EXCERPTED RECORDS below:

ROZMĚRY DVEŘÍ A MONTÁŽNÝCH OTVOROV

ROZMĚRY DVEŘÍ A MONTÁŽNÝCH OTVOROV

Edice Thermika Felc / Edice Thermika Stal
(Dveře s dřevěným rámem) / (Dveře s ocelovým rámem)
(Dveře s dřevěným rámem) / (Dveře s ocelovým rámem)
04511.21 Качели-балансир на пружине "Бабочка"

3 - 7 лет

End of EXCERPTED RECORDS.
EXCERPTED RECORDS below:

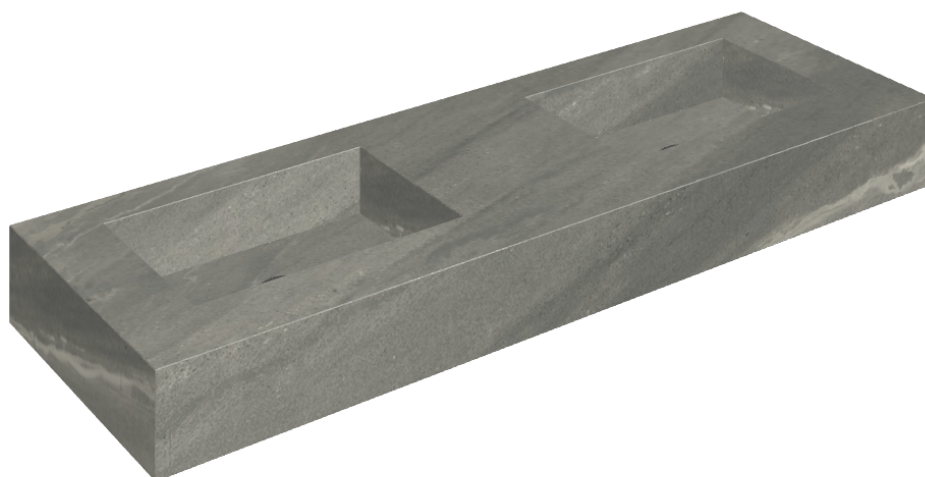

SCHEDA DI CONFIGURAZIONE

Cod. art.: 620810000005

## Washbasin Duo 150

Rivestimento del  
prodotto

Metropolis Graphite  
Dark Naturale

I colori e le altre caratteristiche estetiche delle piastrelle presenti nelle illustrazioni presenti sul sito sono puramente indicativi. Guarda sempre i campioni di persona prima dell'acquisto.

End of EXCERPTED RECORDS.

WHAT TO DO: In the entries above, please find the line with "Metropolis Graphite" and the line with "I colori e le", then write out exactly those two lines and every line between them, and nothing more.

ANSWER TO THE EXERCISE:
Metropolis Graphite  
Dark Naturale

I colori e le altre caratteristiche estetiche delle piastrelle presenti nelle illustrazioni presenti sul sito sono puramente indicativi. Guarda sempre i campioni di persona prima dell'acquisto.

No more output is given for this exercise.